Some women walked so that I could run. I am running so that the women who are coming after me can fly.


We [women] are doing this TOGETHER. As I reflect on my life, especially as a woman in sport, I find myself always recognizing and referring back to the champions and sponsors of my career. They are ALL men. I am where I am because of their unwavering support and the space to allow me to be me, authentically. This started with my daddy. As a toddler, he and I watched Sportscenter late at night, well past my bed time, and it is him who never hesitates to remind me that I am where I am because of who I am. I belong. And I should never question that.

This post, however, is not about the men who have championed me. It is about the hidden women who have always been in my corner, whether I recognized them publicly, or even realized it at the time. I come from a long line of praying women. These women have molded me into who I am, allowed me to be me regardless of how it went against the grain, and prayed for me when I didn’t know how to pray for myself. Biggest of shoutouts to my mama, my Gran, and all my aunties (both blood and the chosen ones).


As a lifelong athlete, I think back on my middle school basketball coach who no doubt saved me from myself in more ways that she will ever know. As I struggled with [what I know now as] anxiety contributing to an eating disorder, she brought me to her office multiple times a week to make sure I properly ate, and provided a space for me to just talk.
My female college coaches gave me a space to crash in their office and have life conversations that really sparked my love for being a difference maker in the lives of everyone I came in contact in. They trusted me as a leader. The showed me that I didn’t have to be the most athletically gifted to be an impact maker. They empowered me as a college-aged woman and further as a young college coach, trying to find my way.
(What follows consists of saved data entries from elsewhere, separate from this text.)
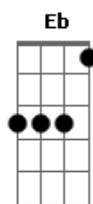

Aline Barros - Salmo 139

tom:

Intro: F F Bbadd9
F F Bb7M

F
Senhor, Tu me sondas
Bb
E me conheces
Gm C F F
Sabes quando assento e levanto
F
Esquadrinhas meu andar
Bb F
E o meu deitar
Gm C F
Conheces todos os meus caminhos
F C
Ainda a palavra
Eb D
Não me chegou à boca, não
Gm Gm C
E Tu já conheces, Senhor
Dm F Bb F
Tu me cercas por trás e por diante
Gm Gm
E sobre mim põe
C
Tua mão
F F
Sonda-me, ó Deus
Bb C
Conhece o meu coração
Dm C G C
Prova-me os pensamentos
F Bb C
Vê se há em mim algum caminho mal
F Dm C Bb Dm C
E guia-me pelo caminho eterno
F F
Sonda-me, ó Deus
Bb C
Conhece o meu coração
Dm C G C
Prova-me os pensamentos
F Bb C
Vê se há em mim algum caminho mal
F Dm C Bb C F
E guia-me pelo caminho eterno

(F Bb)
(F F Bb7M)

Acordes

© ukulele-chords.com

© ukulele-chords.com

© ukulele-chords.com

© ukulele-chords.com

© ukulele-chords.com

© ukulele-chords.com
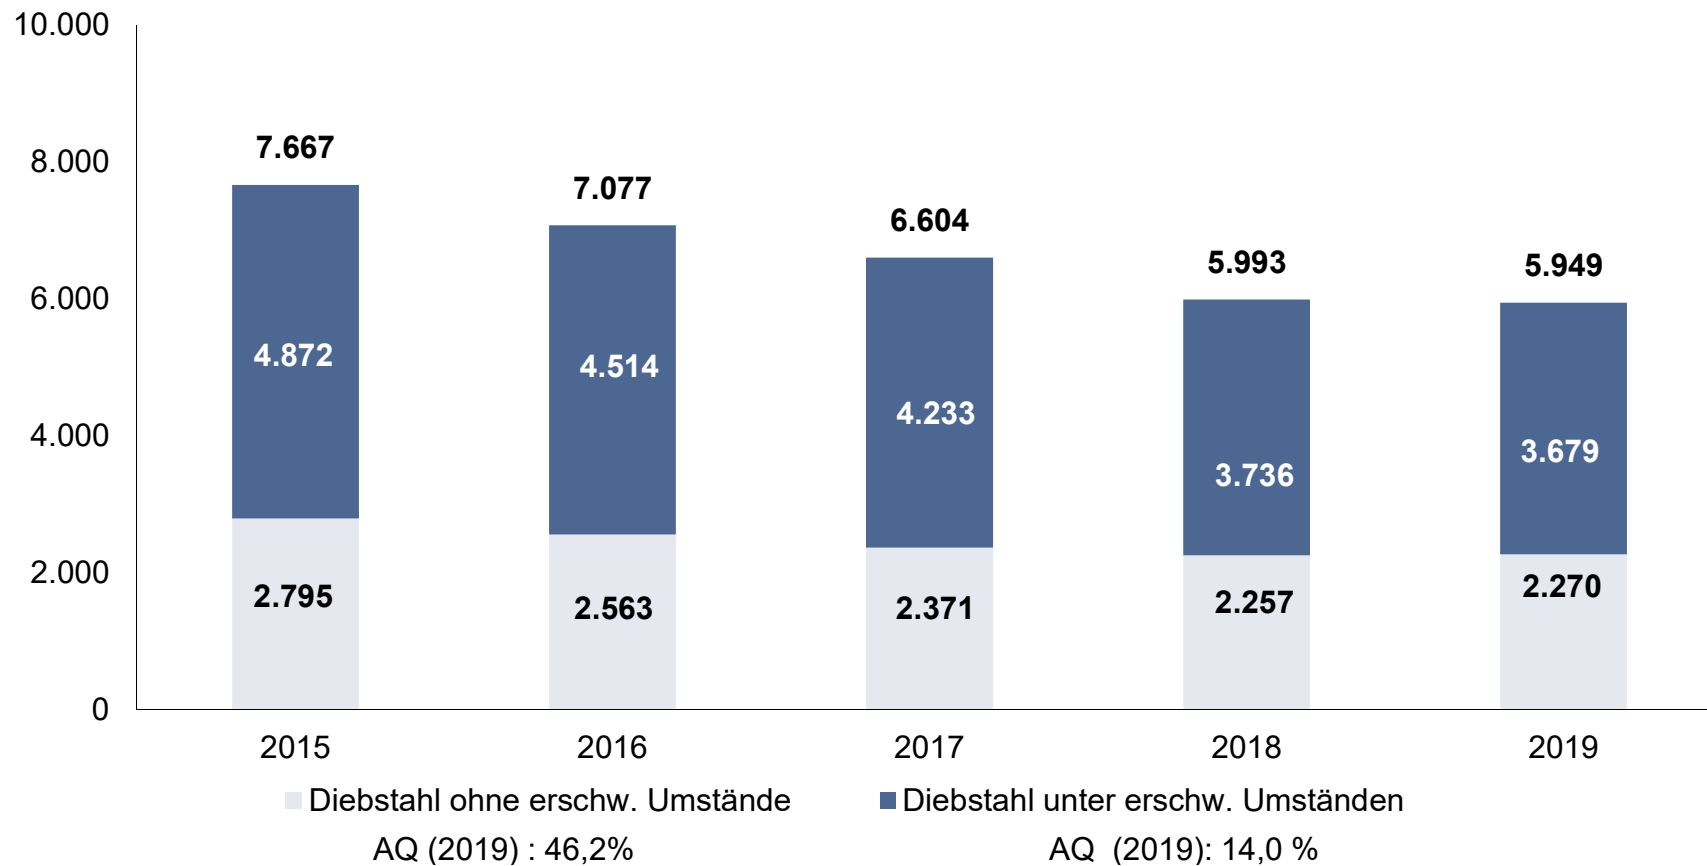

Entwicklung der Gesamtkriminalität Landkreis Leipzig

Tatverdächtige nach Altersgruppen Landkreis Leipzig

	Jahr 2019		Jahr 2018		Änderung 2019/2018	
	Anzahl	in %	Anzahl	in %	Anzahl	in %
Kinder (unter 14 Jahre)	204	3,8	145	2,8	+59	+40,7
Jugendliche (14 bis unter 18 Jahre)	463	8,6	458	8,7	+5	+1,1
Heranwachsende (18 bis unter 21 Jahre)	386	7,1	385	7,3	+1	+0,3
Erwachsene (21 Jahre und älter)	4.361	80,6	4.265	81,2	+96	+2,3
insgesamt	5.414	100	5.253	100	+161	+3,1

Erfasste Fälle nach Straftatenobergruppen Landkreis Leipzig

Ausgewählte Summenschlüssel Landkreis Leipzig

*aufgrund gesetzlicher Änderungen im StGB und die in diesem Zusammenhang bereits 2017 und 2018 vorgenommenen Änderungen/ Anpassungen in der PKS ist eine Vergleichbarkeit insgesamt bzw. in einzelnen Deliktgruppen nur eingeschränkt oder nicht mehr gegeben

Straftaten gegen das Leben/sex. Selbstbestimmung Landkreis Leipzig

*Mord ist Bestandteil der Straftatenobergruppe „Straftaten gg. das Leben“

Straftaten gegen die persönliche Freiheit Landkreis Leipzig

Diebstahl insgesamt (1) Landkreis Leipzig

Diebstahl insgesamt (2) Landkreis Leipzig

Diebstahl insgesamt – Delikte rund ums Kfz Landkreis Leipzig

Schadenssummen: 1,5 Mio Euro (von Kraftwagen)
1,1 Mio Euro (an/aus Kfz)

Vermögens- und Fälschungsdelikte Landkreis Leipzig

As a young professional, I didn’t have many women in my immediate view, and I definitely didn’t have many who chose to take me under their wing. For those who personally took a vested interest in me, lifting me up, supporting me, keeping it real with me – Andy, Amber, Monique, Evie, Dianna, Nanny Dee – and the other women I admired from the “sideline”, THANK YOU. From you all, I learned resilience. I learned how to advocate for myself. I learned confidence to not only walk in the room, but always OWN IT.


We don’t get to where we are on our own, and I dang sure wouldn’t be where I am without my hidden figures. I didn’t have this enormous pool to choose but I wholeheartedly stand on being for others what I didn’t have for myself.